> **Instructions for the task**: Transcribe the listing verbatim, please, with images dropped.

> **Dataset extract**:
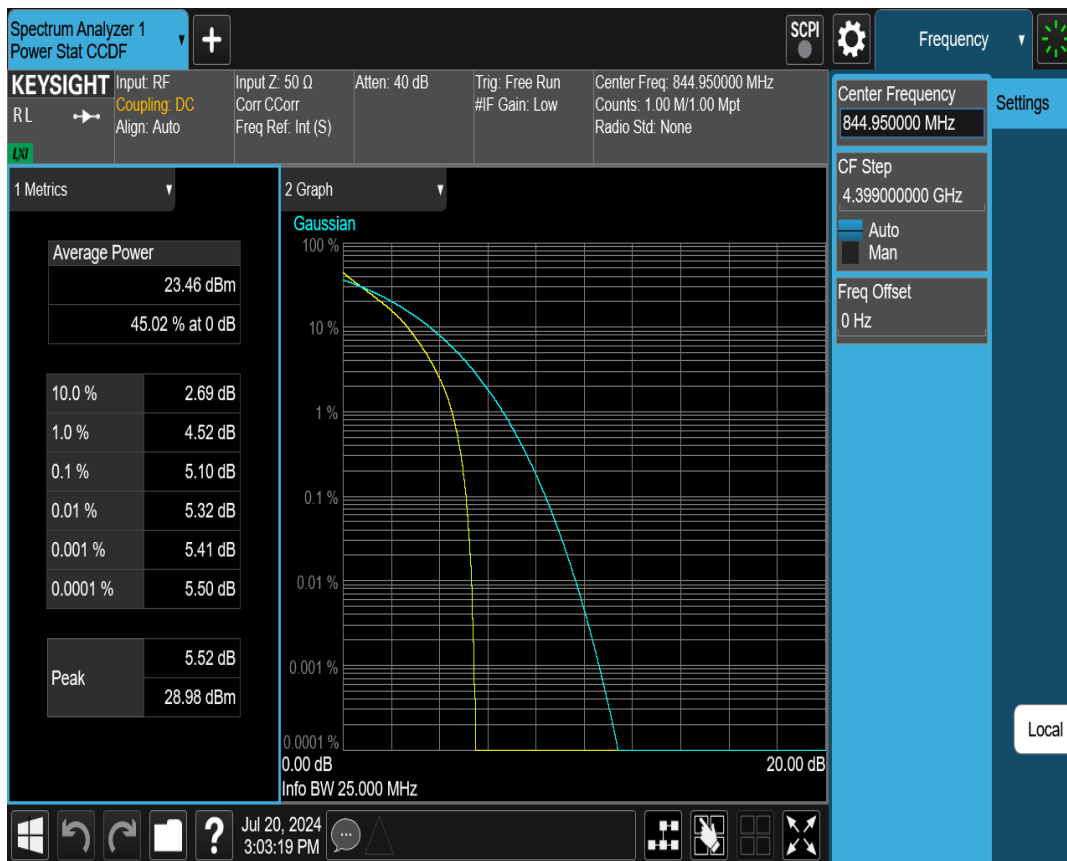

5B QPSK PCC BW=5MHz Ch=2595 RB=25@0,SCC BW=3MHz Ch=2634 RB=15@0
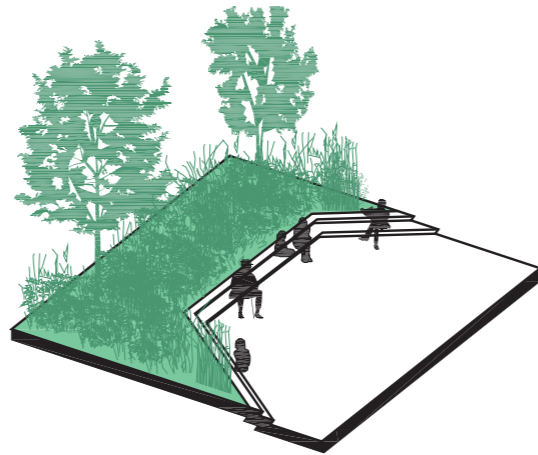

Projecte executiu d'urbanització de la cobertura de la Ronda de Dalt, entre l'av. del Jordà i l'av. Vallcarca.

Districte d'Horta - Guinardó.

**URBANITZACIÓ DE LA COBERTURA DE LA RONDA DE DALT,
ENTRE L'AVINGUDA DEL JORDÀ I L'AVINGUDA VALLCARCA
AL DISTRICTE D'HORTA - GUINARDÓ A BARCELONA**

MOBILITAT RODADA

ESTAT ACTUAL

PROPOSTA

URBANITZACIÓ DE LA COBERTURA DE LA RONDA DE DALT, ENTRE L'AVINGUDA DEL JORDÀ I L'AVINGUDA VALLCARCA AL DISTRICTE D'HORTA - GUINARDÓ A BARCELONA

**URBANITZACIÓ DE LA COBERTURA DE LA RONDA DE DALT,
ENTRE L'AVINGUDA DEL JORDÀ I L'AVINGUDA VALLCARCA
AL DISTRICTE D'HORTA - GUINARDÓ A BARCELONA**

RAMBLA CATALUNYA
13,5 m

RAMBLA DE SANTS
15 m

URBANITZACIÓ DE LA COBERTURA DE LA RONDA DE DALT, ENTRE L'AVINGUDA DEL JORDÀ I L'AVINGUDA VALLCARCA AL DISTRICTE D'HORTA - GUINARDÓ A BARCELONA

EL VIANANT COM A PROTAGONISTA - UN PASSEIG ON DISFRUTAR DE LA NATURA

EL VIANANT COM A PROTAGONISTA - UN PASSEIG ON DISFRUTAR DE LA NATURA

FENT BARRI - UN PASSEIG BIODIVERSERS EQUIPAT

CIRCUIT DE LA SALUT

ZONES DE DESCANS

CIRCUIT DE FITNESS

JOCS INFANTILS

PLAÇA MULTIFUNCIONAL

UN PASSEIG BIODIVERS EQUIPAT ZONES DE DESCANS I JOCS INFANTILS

> **Exercise output**:
5B QPSK PCC BW=5MHz Ch=2595 RB=25@0,SCC BW=3MHz Ch=2634 RB=15@0

Projecte executiu d'urbanització de la cobertura de la Ronda de Dalt, entre l'av. del Jordà i l'av. Vallcarca.

Districte d'Horta - Guinardó.

**URBANITZACIÓ DE LA COBERTURA DE LA RONDA DE DALT,
ENTRE L'AVINGUDA DEL JORDÀ I L'AVINGUDA VALLCARCA
AL DISTRICTE D'HORTA - GUINARDÓ A BARCELONA**

MOBILITAT RODADA

ESTAT ACTUAL

PROPOSTA

URBANITZACIÓ DE LA COBERTURA DE LA RONDA DE DALT, ENTRE L'AVINGUDA DEL JORDÀ I L'AVINGUDA VALLCARCA AL DISTRICTE D'HORTA - GUINARDÓ A BARCELONA

**URBANITZACIÓ DE LA COBERTURA DE LA RONDA DE DALT,
ENTRE L'AVINGUDA DEL JORDÀ I L'AVINGUDA VALLCARCA
AL DISTRICTE D'HORTA - GUINARDÓ A BARCELONA**

RAMBLA CATALUNYA
13,5 m

RAMBLA DE SANTS
15 m

URBANITZACIÓ DE LA COBERTURA DE LA RONDA DE DALT, ENTRE L'AVINGUDA DEL JORDÀ I L'AVINGUDA VALLCARCA AL DISTRICTE D'HORTA - GUINARDÓ A BARCELONA

EL VIANANT COM A PROTAGONISTA - UN PASSEIG ON DISFRUTAR DE LA NATURA

EL VIANANT COM A PROTAGONISTA - UN PASSEIG ON DISFRUTAR DE LA NATURA

FENT BARRI - UN PASSEIG BIODIVERSERS EQUIPAT

CIRCUIT DE LA SALUT

ZONES DE DESCANS

CIRCUIT DE FITNESS

JOCS INFANTILS

PLAÇA MULTIFUNCIONAL

UN PASSEIG BIODIVERS EQUIPAT ZONES DE DESCANS I JOCS INFANTILS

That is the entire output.